**PROBLEM TO SOLVE:** Exact copy, pictures excluded: write out every line below.

EXERCISE INPUT START

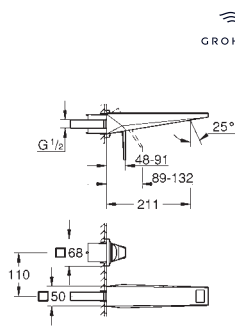

29 519 000   Cromo   1.934,05
29 519 DC0   Supersteel   2.486,64

Allure Brilliant Private Collection
Monomando de lavabo mural 1/2"
Tamaño M
Palanca de piedra Caesarstone Blanca
Sólo parte exterior
Necesaria parte empotrable 23 200 002
Tecnología GROHE Water Saving ahorro de agua con el máximo bienestar
Caudal máximo a 3 bar: 5 l/min
Caño con mousseur integrado
Distancia entre centros 110 mm
Longitud de caño: 210 mm

23 200 002   311,73
Parte empotrable para monomandos murales
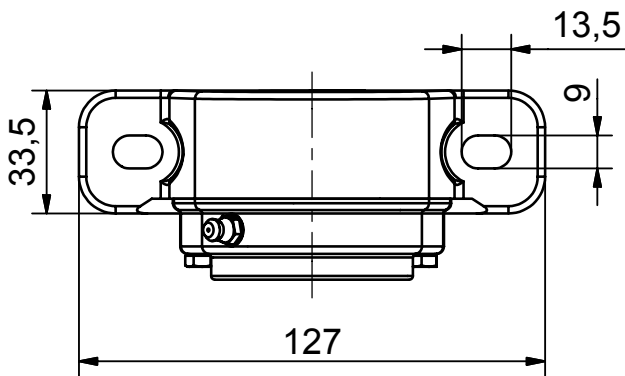

(1:2)

Denne tegning tilhører BJ-Gear A/S og må ikke kopieres eller benyttes uden tilladelse

BJ-Gear A/S

Niels Bohrs Vej 47 Phone +45 87 40 80 80
DK-8660 Skanderborg Fax +45 87 40 80 81
Denmark Email bj@bj-gear.com
VAT No. DK 10166470 Website www.bj-gear.com

Betegnelsen:

NG20-SF2-O

Projekt:

Dato: 15-12-2006

Konstruktør: TKC

Tegnings nr.:

902-01-006

(A4)

Mål Uden tolerance: DS/ISO 2768-1 f
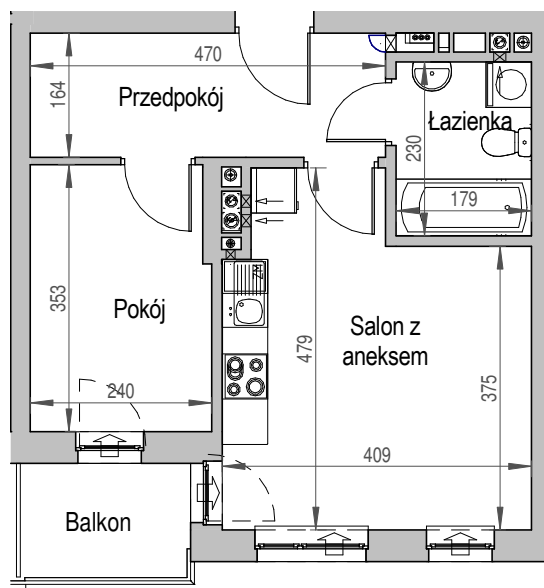

SCHEMAT BUDYNKU

SCHEMAT OSIEDLA

SCHEMAT MIESZKANIA

**Klatka: B**  
**Mieszkanie: 4C**

3 Piętro	
Przedpokój	7.71 m <sup>2</sup>
Łazienka	4.12 m <sup>2</sup>
Salon z aneksem	17.12 m <sup>2</sup>
Pokój	8.31 m <sup>2</sup>
Suma ogólna:	37.26 m <sup>2</sup>
Balkon	3.24 m <sup>2</sup>
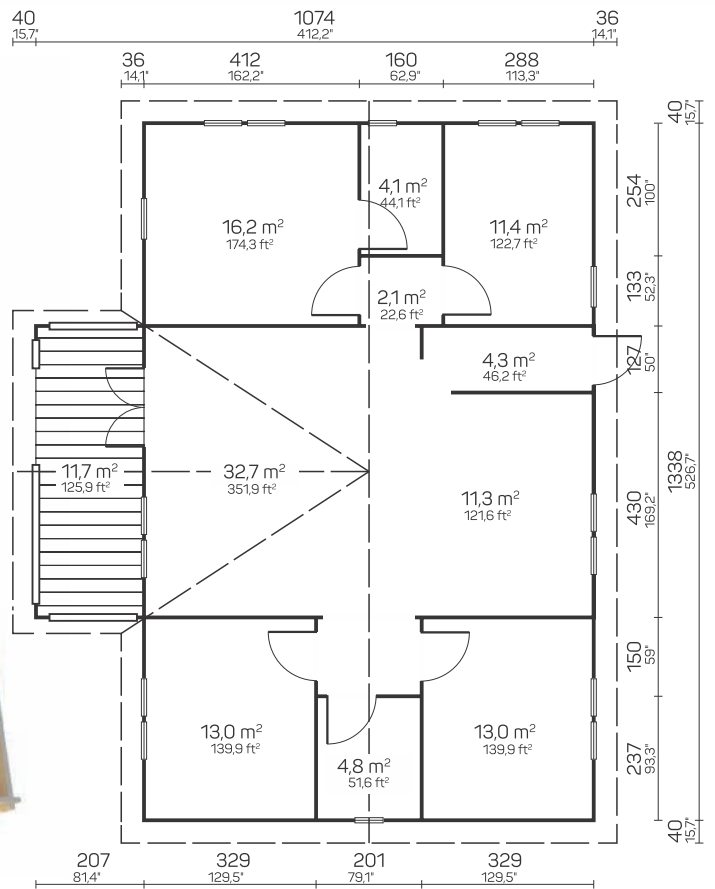

FINLANDIA

Art 111717
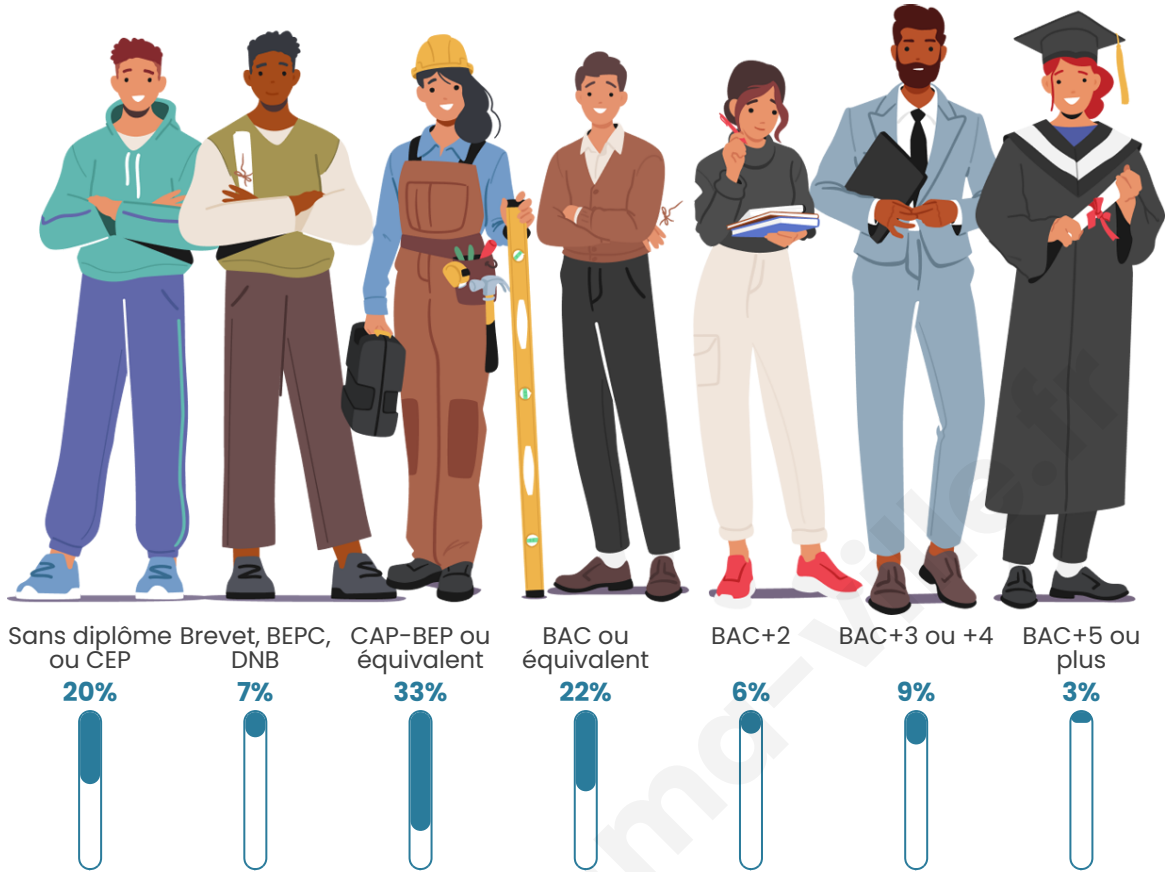

215

Age moyen

46 ans

Pop active

43.7%

Taux chômage

17.1%

Pop densité

Tranche d'âge

Activité professionnelle

Niveau de diplôme

Composition des ménages

Profils électoraux

Premier tour

	Marine LE PEN	24.83 %
	Jean-Luc MÉLENCHON	24.14 %
	Emmanuel MACRON	17.24 %
	Jean LASSALLE	5.52 %
	Anne HIDALGO	5.52 %
	Yannick JADOT	4.83 %
	Nicolas DUPONT- AIGNAN	4.14 %
	Nathalie ARTHAUD	3.45 %
	Éric ZEMMOUR	3.45 %
	Philippe POUTOU	3.45 %
	Fabien ROUSSEL	2.76 %
	Valérie PÉCRESSÉ	0.69 %
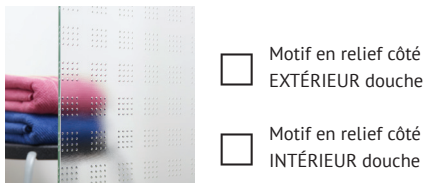

### Choisissez votre verre

 VIT shower anti-calcaire

 Clair

 Extra clair

 Dépoli acide

 Dark Grey®

 Mirropane® chrome

 Master Lens®
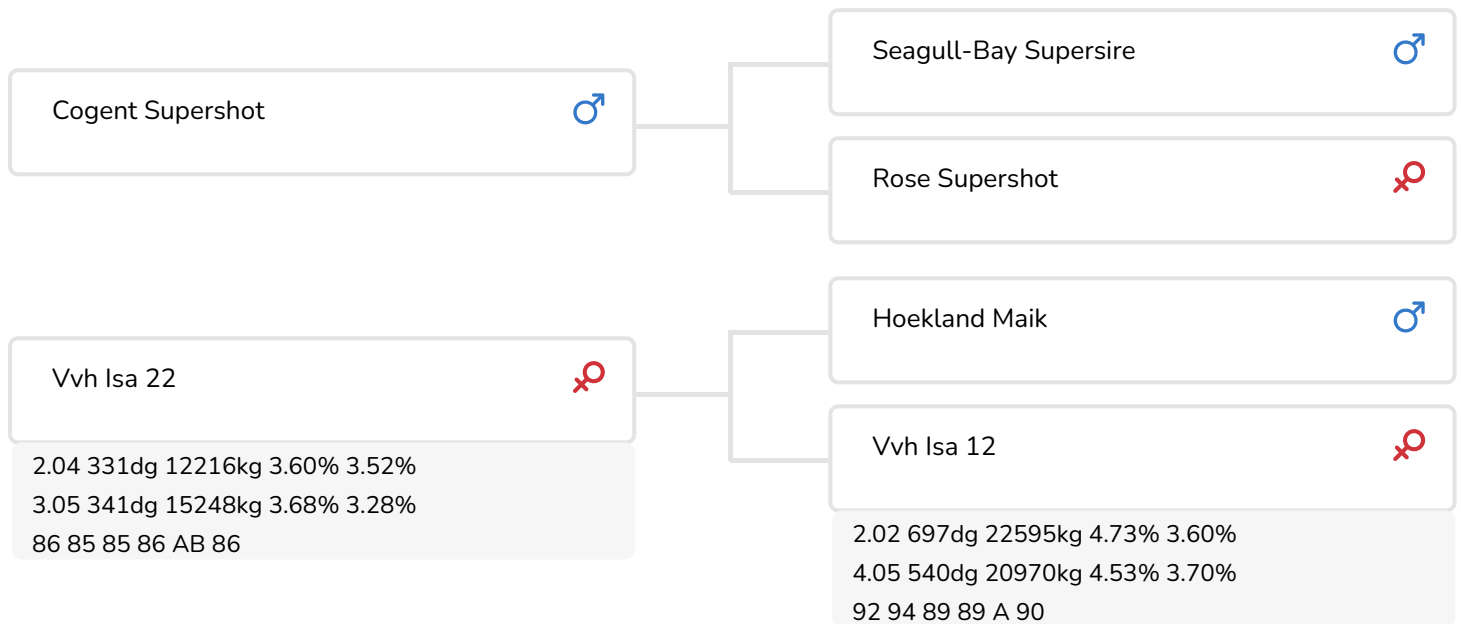

Jildou 5 (v. Snapshot)
Eig.: Mts. Veenhouwer, Oosterstreek

STIERINFO

Naam	VVH Snapshot	Geboortedatum	2015-10-19
Levensnummer	NL 724441769	Draagtijd	280
Stiercode	361081	Kappa caseïne	AE
PFW code	A	Beta caseïne	A1/A1
aAa code	546132	Koe familie	Regancrest Dellia
Kleur	ZB	Kleur rietje	Beige
Bloedvoering	100% HF		
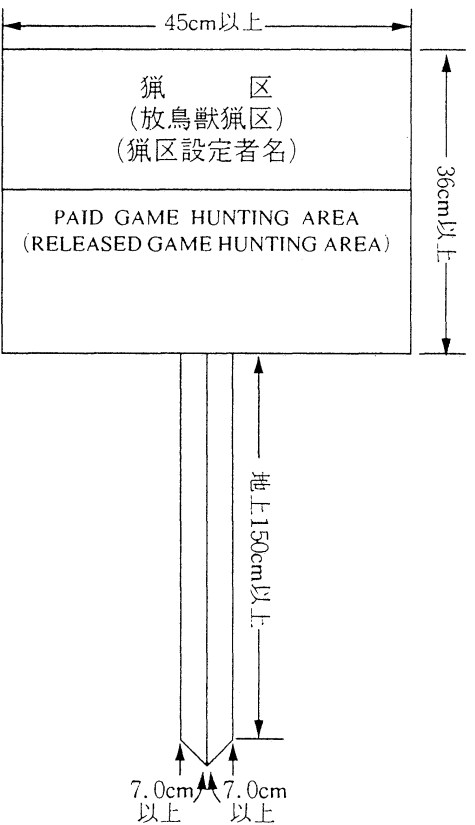

様式第二十(第七十四条関係)  
標柱

制札

備考

- 一 制札への英語表記は必要に応じて行うものとし、表記を行う場合の英文は、次のとおりとする。
  - 1 猟区 Paid Game Hunting Area
  - 2 放鳥獣猟区 Released Game Hunting Area
- 二 支柱の太さの寸法は、木材を使用する場合は示しているが、鉄材等を用いる場合にあつては、同程度以上の強度があれば寸法についてはこの限りでない。
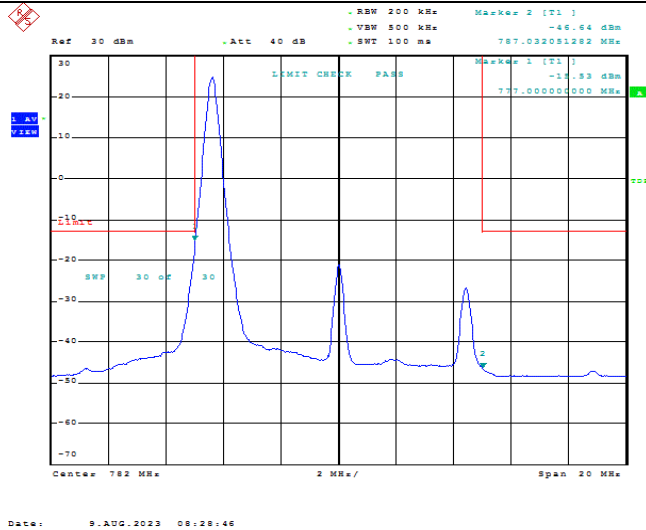

Band13-5MHz-16QAM-23255-1RB#0

Date: 29.JUL.2023 23:29:14

Band13-5MHz-16QAM-23255-1RB#24

Date: 29.JUL.2023 23:29:40

Band13-5MHz-16QAM-23255-25RB#0

Date: 29.JUL.2023 23:30:06

Band13-10MHz-QPSK-23230-1RB#0

Band13-10MHz-QPSK-23230-1RB#49
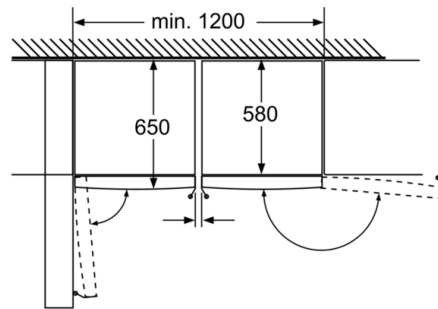

Teknisk information

- Ställbara fötter framtill, hjul baktill
- Dörrhängning vänster, omhängbar

Kombination

- KSV36VB30 passar tillsammans med GSN36VB30

Serie | 4, Kylskåp, 186 x 60 cm, svart KSV36VB30

	a	b	c	d	e	f
KSW36, GSD36	187					
KSV36, KSF36, GSN36, GSV36	186					
KSV33, GSN33, GSV33	176	60	65	58	60	119.5
KSV29, GSN29, GSV29	161					
GSV24	146					
GSN51	161					
GSN54	176	70	78	70	70	142
GSN58	191					

a Höjd
b Bredd
c Djup med stängd lucka utan handtag och distans
d Stomdjup utan distans
e Bredd med öppen lucka utan handtag
f Djup med öppen lucka utan handtag och distans

Mått i cm

Lådorna går att dra ut helt om skåpet placeras direkt mot en vägg.

Mått i mm
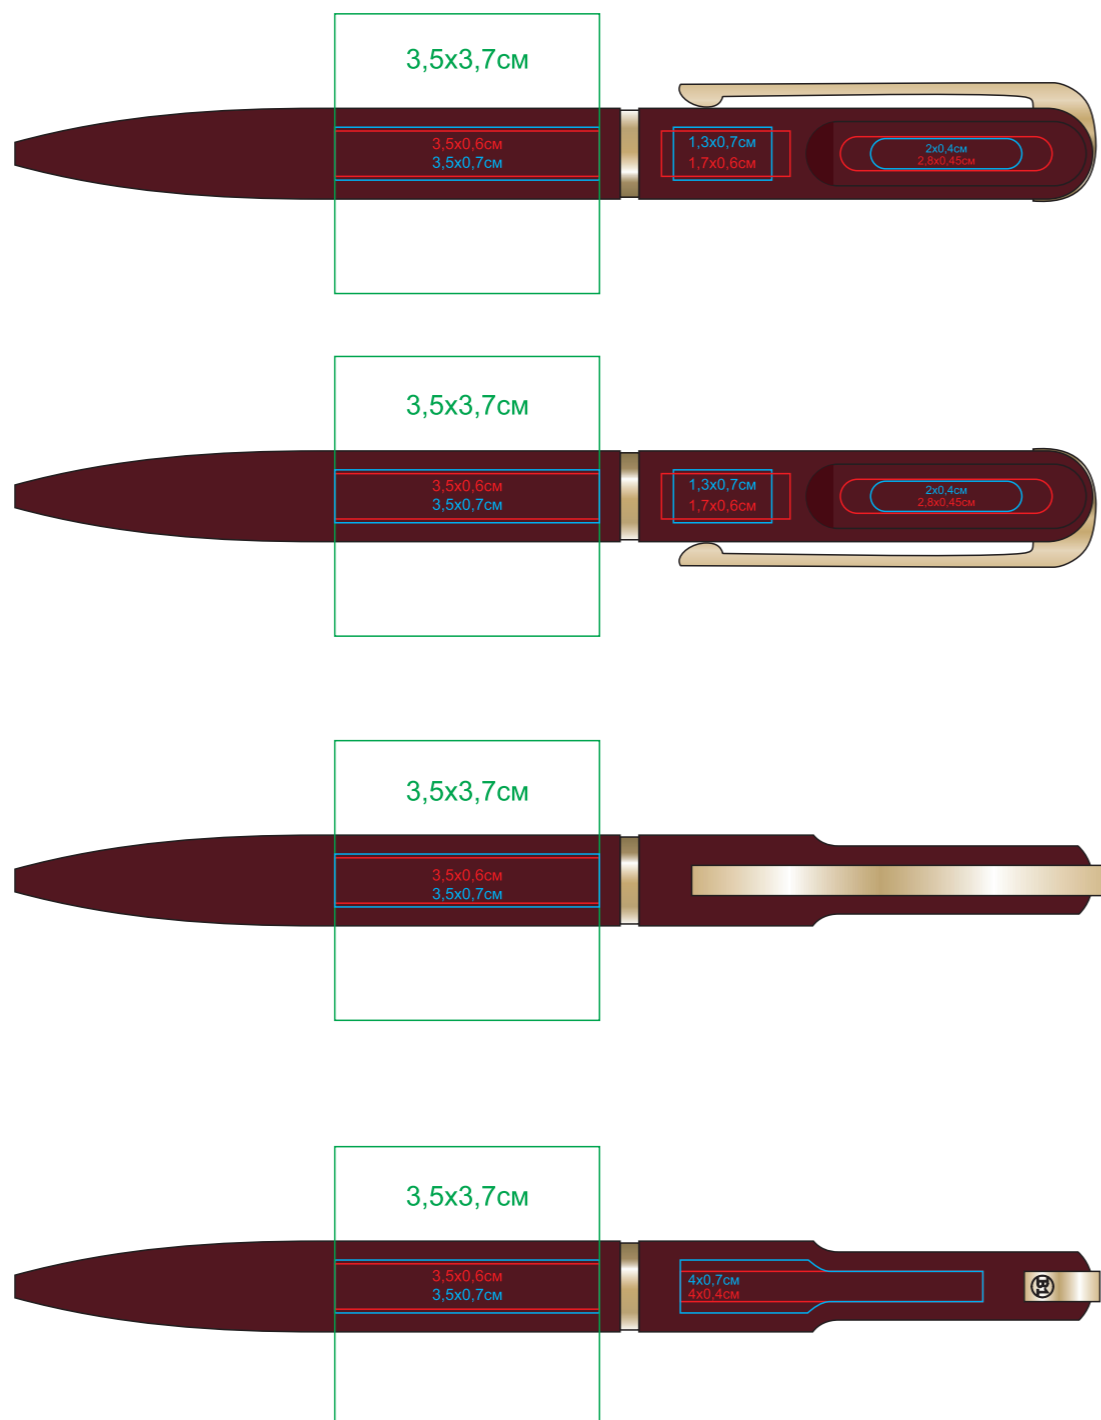

FARO, металл, пластик, софт-покрытие

Артикул: 11060

Метод: гравировка, круговая гравировка, тампопечать (1 цвет - золото, серебро, черный, белый)

11060/13

11060/17

11060/26

11060/35
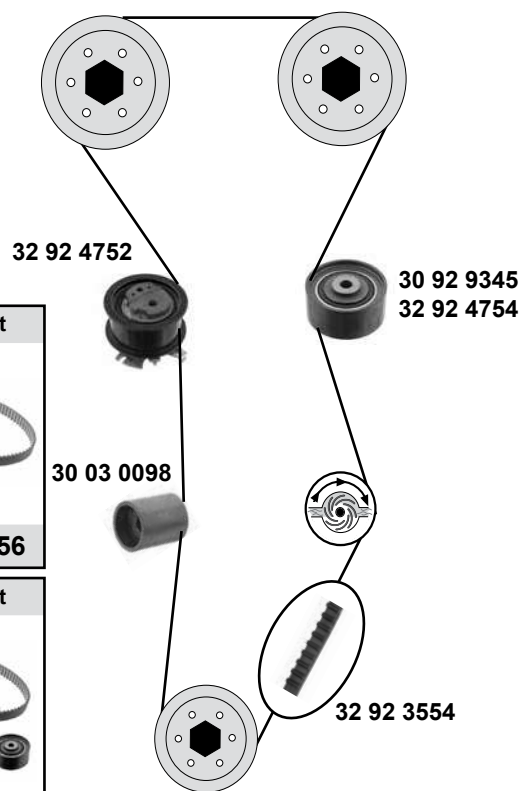

SEAT Altea (5P) (04→)

1,9 TDI (BKC / BJB)

2,0 TDI (AZV / BKD / BMN)

EXERCISE INPUT END

**THE ANSWER:**
29 519 000   Cromo   1.934,05
29 519 DC0   Supersteel   2.486,64

Allure Brilliant Private Collection
Monomando de lavabo mural 1/2"
Tamaño M
Palanca de piedra Caesarstone Blanca
Sólo parte exterior
Necesaria parte empotrable 23 200 002
Tecnología GROHE Water Saving ahorro de agua con el máximo bienestar
Caudal máximo a 3 bar: 5 l/min
Caño con mousseur integrado
Distancia entre centros 110 mm
Longitud de caño: 210 mm

23 200 002   311,73
Parte empotrable para monomandos murales

(1:2)

Denne tegning tilhører BJ-Gear A/S og må ikke kopieres eller benyttes uden tilladelse

BJ-Gear A/S

Niels Bohrs Vej 47 Phone +45 87 40 80 80
DK-8660 Skanderborg Fax +45 87 40 80 81
Denmark Email bj@bj-gear.com
VAT No. DK 10166470 Website www.bj-gear.com

Betegnelsen:

NG20-SF2-O

Projekt:

Dato: 15-12-2006

Konstruktør: TKC

Tegnings nr.:

902-01-006

(A4)

Mål Uden tolerance: DS/ISO 2768-1 f

SCHEMAT BUDYNKU

SCHEMAT OSIEDLA

SCHEMAT MIESZKANIA

**Klatka: B**  
**Mieszkanie: 4C**

3 Piętro	
Przedpokój	7.71 m <sup>2</sup>
Łazienka	4.12 m <sup>2</sup>
Salon z aneksem	17.12 m <sup>2</sup>
Pokój	8.31 m <sup>2</sup>
Suma ogólna:	37.26 m <sup>2</sup>
Balkon	3.24 m <sup>2</sup>

FINLANDIA

Art 111717

215

Age moyen

46 ans

Pop active

43.7%

Taux chômage

17.1%

Pop densité

Tranche d'âge

Activité professionnelle

Niveau de diplôme

Composition des ménages

Profils électoraux

Premier tour

	Marine LE PEN	24.83 %
	Jean-Luc MÉLENCHON	24.14 %
	Emmanuel MACRON	17.24 %
	Jean LASSALLE	5.52 %
	Anne HIDALGO	5.52 %
	Yannick JADOT	4.83 %
	Nicolas DUPONT- AIGNAN	4.14 %
	Nathalie ARTHAUD	3.45 %
	Éric ZEMMOUR	3.45 %
	Philippe POUTOU	3.45 %
	Fabien ROUSSEL	2.76 %
	Valérie PÉCRESSÉ	0.69 %

### Choisissez votre verre

 VIT shower anti-calcaire

 Clair

 Extra clair

 Dépoli acide

 Dark Grey®

 Mirropane® chrome

 Master Lens®

Jildou 5 (v. Snapshot)
Eig.: Mts. Veenhouwer, Oosterstreek

STIERINFO

Naam	VVH Snapshot	Geboortedatum	2015-10-19
Levensnummer	NL 724441769	Draagtijd	280
Stiercode	361081	Kappa caseïne	AE
PFW code	A	Beta caseïne	A1/A1
aAa code	546132	Koe familie	Regancrest Dellia
Kleur	ZB	Kleur rietje	Beige
Bloedvoering	100% HF		

様式第二十(第七十四条関係)  
標柱

制札

備考

- 一 制札への英語表記は必要に応じて行うものとし、表記を行う場合の英文は、次のとおりとする。
  - 1 猟区 Paid Game Hunting Area
  - 2 放鳥獣猟区 Released Game Hunting Area
- 二 支柱の太さの寸法は、木材を使用する場合は示しているが、鉄材等を用いる場合にあつては、同程度以上の強度があれば寸法についてはこの限りでない。

Band13-5MHz-16QAM-23255-1RB#0

Date: 29.JUL.2023 23:29:14

Band13-5MHz-16QAM-23255-1RB#24

Date: 29.JUL.2023 23:29:40

Band13-5MHz-16QAM-23255-25RB#0

Date: 29.JUL.2023 23:30:06

Band13-10MHz-QPSK-23230-1RB#0

Band13-10MHz-QPSK-23230-1RB#49

Teknisk information

- Ställbara fötter framtill, hjul baktill
- Dörrhängning vänster, omhängbar

Kombination

- KSV36VB30 passar tillsammans med GSN36VB30

Serie | 4, Kylskåp, 186 x 60 cm, svart KSV36VB30

	a	b	c	d	e	f
KSW36, GSD36	187					
KSV36, KSF36, GSN36, GSV36	186					
KSV33, GSN33, GSV33	176	60	65	58	60	119.5
KSV29, GSN29, GSV29	161					
GSV24	146					
GSN51	161					
GSN54	176	70	78	70	70	142
GSN58	191					

a Höjd
b Bredd
c Djup med stängd lucka utan handtag och distans
d Stomdjup utan distans
e Bredd med öppen lucka utan handtag
f Djup med öppen lucka utan handtag och distans

Mått i cm

Lådorna går att dra ut helt om skåpet placeras direkt mot en vägg.

Mått i mm

FARO, металл, пластик, софт-покрытие

Артикул: 11060

Метод: гравировка, круговая гравировка, тампопечать (1 цвет - золото, серебро, черный, белый)

11060/13

11060/17

11060/26

11060/35

SEAT Altea (5P) (04→)

1,9 TDI (BKC / BJB)

2,0 TDI (AZV / BKD / BMN)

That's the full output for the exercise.